Ask YC: Learning circuit/hardware; lab book? - Emmjaykay

Hello!<p>I've been wanting to get into hardware type projects (robots, gizmos, etc) for a while but I'm fairly ignorant of hardware. I'm a software developer by trade. I've seen books like "The Art of Electronics" and "Teach Yourself Electricity &#38; Electronics". But what I really need is a book of project/tutorials, that upon completing them, I can honestly say I am very, very familiar with electronics.<p>Is there such a book?
======
gg
I could probably list off $15,000 of Electrical Engineering course text books,
but for getting into "hardware type projects" they really won't get you very
far. You'll learn far more (and far more quickly) by finding more hacker
oriented resources that will bootstrap you with absolutely necessary
information and skip the rest.

# Introductions #

To begin with, Sparkfun[1] has a bunch of tutorials, including a great
introduction to embedded electronics.[2] This encompasses much of what you'll
need for basic hardware projects.

As someone with a software background, the Arduino[2] is a great platform to
start playing around with hardware. It acts as something of a bridge between
software and hardware hacking by allowing you to program a micro-controller in
a (relatively) high level language, and abstracting away a lot of the messy
hardware details. This not only lets you start getting simple things done
quickly, but also allows you to easily interface with virtually any other
hardware modules you can come up with so you can push the boundaries of your
knowledge. By making experimentation cheap, it strongly encourages the best
types of exploratory learning.

# Projects #

Beyond the project tutorials listed on Sparkfun, OpenCircuits[3] is a great
resource for more project ideas. Hack a Day[4] is often a good resource for
inspiration, and the venerable Make[5] seems to always have something
interesting.

# Sourcing Parts #

Sparkfun[1] is a terrific online electronic components store. It is extremely
hacker friendly, having been founded to serve preciecesly that group. For some
items the prices may be slightly higher than at Digikey[5], but this is more
than made up by the fact that they have sorted through the bewildering number
of seemingly-identical components available.
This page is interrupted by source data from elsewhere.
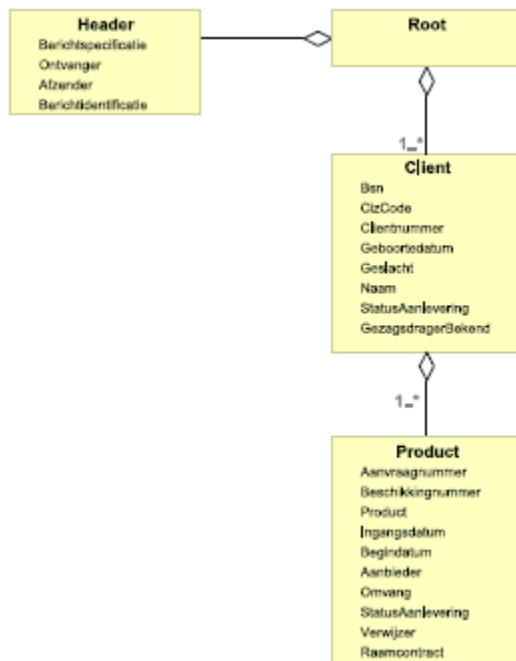

Beschikking

JW305

JW307

JW315

JW321

Declaratie Jeugd-GGZ (JW321)

Het debiteurrecord wordt apart beheerd (eigen versie) en gepubliceerd. Functioneel blijft het record wel integraal deel uit maken van de declaratiestandaard.

If you know exactly what you need, and especially if you can't find it through
Sparkfun, Digikey is your friend. They have everything. And its uncle. The
site is aimed at commercial designers who know what they're doing, so
navigating the site isn't easy. If you're browsing without a specific
component in mind, Digikey isn't the right place, but Octopart[7] might be.
Its a search engine for electronic components that checks availability and
compares prices of different retailers and also has some features to organize
project shopping lists.

When buying electrical components, always buy plenty extra. You _will_ burn
things out. Five times in a row. Unit costs are cheap enough that its worth
having lots of spares on hand.

As others have mentioned, this is a very broad topic. If you give us more
details on what it is you're looking to learn, we'll probably be able to give
more useful answers.

Good luck!

[1]: <http://www.sparkfun.com> \- Well organized, hacker friendly

[2]: <http://www.sparkfun.com/commerce/hdr.php?p=tutorials#BEE>

[3]: <http://www.opencircuits.com>

[4]: <http://www.hackaday.com/>

[5]: <http://www.makezine.com>

[6]: <http://digikey.com> \- Huge selection. Great if you know what you want.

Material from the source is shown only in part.